I have a generator which is causing some issues.

The output voltage is 150 volts & 50 hz with no load.

It should be 230 volts & 50 hz.

When the load in increased by adding a 3kw kettle the voltage increases to 190 volts and is drawing about 12 amps.

I plugged in another load (an iron) and the voltage increased some more.

I would have expected the voltage to stay constant or at least decrease.

When the generator is idling the voltage can be manually increased by pushing on the throttle,the frequency also increases.

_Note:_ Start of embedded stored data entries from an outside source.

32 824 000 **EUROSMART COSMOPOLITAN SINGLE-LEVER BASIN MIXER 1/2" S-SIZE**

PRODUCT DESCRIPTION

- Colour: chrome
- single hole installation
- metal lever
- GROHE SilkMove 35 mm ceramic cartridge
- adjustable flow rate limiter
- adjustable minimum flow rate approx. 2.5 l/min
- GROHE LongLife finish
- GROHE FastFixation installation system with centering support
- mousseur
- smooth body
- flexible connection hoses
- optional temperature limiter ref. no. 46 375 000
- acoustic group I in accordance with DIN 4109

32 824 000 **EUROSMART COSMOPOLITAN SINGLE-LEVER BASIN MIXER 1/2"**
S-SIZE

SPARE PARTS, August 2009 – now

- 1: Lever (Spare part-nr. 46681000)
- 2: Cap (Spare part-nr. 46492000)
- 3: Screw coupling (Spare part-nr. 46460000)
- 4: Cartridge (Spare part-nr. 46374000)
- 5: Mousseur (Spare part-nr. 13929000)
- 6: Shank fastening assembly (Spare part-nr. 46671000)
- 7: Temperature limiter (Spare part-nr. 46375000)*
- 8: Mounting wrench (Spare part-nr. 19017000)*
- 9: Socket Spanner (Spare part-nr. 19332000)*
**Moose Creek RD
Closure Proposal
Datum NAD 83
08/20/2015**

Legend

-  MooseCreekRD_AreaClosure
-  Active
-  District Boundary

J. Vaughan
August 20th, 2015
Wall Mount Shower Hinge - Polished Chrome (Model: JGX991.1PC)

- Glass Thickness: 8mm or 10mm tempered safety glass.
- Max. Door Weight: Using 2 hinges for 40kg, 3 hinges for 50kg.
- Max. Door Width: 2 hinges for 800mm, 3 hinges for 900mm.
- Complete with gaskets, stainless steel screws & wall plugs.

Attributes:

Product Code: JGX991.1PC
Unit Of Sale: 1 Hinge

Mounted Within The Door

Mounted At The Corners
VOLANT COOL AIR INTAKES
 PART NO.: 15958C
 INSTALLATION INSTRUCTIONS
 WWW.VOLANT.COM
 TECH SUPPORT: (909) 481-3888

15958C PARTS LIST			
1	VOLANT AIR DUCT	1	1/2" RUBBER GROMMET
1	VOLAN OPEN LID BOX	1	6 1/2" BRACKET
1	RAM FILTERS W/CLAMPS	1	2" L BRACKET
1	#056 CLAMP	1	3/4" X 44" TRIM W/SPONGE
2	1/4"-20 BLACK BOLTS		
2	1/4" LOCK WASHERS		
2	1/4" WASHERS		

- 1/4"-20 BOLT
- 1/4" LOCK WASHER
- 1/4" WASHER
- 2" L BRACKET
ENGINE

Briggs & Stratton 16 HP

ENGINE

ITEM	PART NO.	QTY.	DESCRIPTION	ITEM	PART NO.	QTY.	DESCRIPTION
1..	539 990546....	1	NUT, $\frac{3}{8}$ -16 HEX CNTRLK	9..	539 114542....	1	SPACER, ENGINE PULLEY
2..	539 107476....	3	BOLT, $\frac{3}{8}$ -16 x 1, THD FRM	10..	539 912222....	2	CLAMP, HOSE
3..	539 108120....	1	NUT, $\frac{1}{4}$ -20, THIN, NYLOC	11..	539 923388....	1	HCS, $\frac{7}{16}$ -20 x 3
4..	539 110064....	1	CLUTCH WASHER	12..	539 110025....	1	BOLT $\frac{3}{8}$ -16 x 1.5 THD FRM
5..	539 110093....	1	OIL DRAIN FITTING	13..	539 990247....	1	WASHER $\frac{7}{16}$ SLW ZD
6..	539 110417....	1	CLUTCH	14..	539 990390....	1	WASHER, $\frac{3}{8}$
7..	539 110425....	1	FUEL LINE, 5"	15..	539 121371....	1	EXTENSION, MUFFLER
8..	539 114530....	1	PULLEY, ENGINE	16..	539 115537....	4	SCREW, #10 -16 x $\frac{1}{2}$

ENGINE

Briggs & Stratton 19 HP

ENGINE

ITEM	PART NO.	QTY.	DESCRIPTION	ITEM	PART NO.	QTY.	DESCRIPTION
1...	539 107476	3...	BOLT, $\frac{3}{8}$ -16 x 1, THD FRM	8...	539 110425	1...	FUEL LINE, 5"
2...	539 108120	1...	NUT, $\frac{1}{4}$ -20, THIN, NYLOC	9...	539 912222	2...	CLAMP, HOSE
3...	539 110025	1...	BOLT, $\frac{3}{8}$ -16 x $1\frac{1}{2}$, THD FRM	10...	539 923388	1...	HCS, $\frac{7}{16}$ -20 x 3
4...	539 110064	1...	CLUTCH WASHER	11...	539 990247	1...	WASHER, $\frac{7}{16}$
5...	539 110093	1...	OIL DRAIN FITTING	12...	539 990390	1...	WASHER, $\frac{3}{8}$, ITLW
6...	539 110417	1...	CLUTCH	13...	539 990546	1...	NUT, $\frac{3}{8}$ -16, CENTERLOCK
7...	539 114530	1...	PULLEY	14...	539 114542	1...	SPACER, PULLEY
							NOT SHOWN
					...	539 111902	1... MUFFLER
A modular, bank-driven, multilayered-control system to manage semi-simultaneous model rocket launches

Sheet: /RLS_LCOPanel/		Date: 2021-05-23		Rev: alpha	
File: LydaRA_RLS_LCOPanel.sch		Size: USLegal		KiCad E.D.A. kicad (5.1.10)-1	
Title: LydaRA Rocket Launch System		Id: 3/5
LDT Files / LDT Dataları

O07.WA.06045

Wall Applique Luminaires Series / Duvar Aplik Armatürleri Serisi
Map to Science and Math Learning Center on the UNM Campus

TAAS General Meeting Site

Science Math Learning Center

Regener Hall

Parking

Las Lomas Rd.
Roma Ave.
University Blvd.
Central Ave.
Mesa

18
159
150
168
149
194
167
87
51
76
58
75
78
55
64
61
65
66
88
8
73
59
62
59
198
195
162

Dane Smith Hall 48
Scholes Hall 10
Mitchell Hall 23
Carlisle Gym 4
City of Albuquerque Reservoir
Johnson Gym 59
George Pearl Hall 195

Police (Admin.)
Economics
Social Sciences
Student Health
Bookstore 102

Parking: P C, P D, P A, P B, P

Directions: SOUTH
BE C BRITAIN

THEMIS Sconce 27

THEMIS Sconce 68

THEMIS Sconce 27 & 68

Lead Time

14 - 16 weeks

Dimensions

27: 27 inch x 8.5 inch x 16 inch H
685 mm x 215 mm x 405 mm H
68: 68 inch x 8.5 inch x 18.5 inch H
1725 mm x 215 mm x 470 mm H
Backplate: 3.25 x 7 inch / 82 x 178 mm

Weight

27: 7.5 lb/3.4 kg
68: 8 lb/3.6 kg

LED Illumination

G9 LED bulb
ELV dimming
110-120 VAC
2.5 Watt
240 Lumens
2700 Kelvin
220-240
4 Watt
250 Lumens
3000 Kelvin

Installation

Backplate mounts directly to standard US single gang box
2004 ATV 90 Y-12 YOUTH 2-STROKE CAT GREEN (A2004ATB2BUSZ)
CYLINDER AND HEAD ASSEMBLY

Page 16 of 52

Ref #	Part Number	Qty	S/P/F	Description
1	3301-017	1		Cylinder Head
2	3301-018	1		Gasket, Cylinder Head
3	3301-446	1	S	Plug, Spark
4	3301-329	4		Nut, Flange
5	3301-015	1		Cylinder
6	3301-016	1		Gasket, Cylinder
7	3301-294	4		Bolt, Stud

Any ideas what could cause this or how to resolve it

I have attached some photos.

Perhaps someone can explain to me what I am looking at?

Thanks for your help


----------



## KRE (Nov 29, 2011)

What country are you in? The data tag just gives engine info, and I need to see the alternator tag or at least know if your application is in fact 50 hertz. For 230VAC is normally a 60 hertz voltage, most 50 hertz would be 220/380. If your in the states or similar, your freq is to low which is why the voltage is also low an increases with load. A cap excited unit will do that when out of it's freq(hertz) range, but you will burn it up shortly operating it like that for the alternator cooling system will not dissipate the heat fast enough, if out of it's design speed range. How are you checking the hertz?


----------



## hiqman (Sep 6, 2015)

SmackDub said:


> Hi All,
> 
> I have a generator which is causing some issues.
> 
> ...


I am scare about the eletrical but this is a new lesoon for me. Thanks


----------



## SmackDub (Sep 5, 2015)

Hi Kre,

I am in the UK.

The RMS voltage here is normally 230 volts with a frequency of 50 hz.

There is no tag on the alternator.

I checked the Hertz with a fluke meter and the current with a clamp on.

Looking at the alternator there does not appear to be a lot of electronics inside.

There is a big starting capacitor and a diode bridge rectifier.

So I am unsure if any of these components could cause this issue?

Any advice is much appreciated.

Thanks


----------



## KRE (Nov 29, 2011)

Either will cause your issue. With the Fluke check the capacitor and diode bridge rectifier both. If you have a cap function on the Fluke use it then read the specs that should be printed on the cap. The bridge rectifier will have an indicator mark of some kind on one corner, that will be the DC + . The next corners either way will be A/C input with the DC- between them on the corner opposite the DC+. I would think one or the other is defective as your building voltage, an the voltage is following the hertz. Let us know how it works out.


----------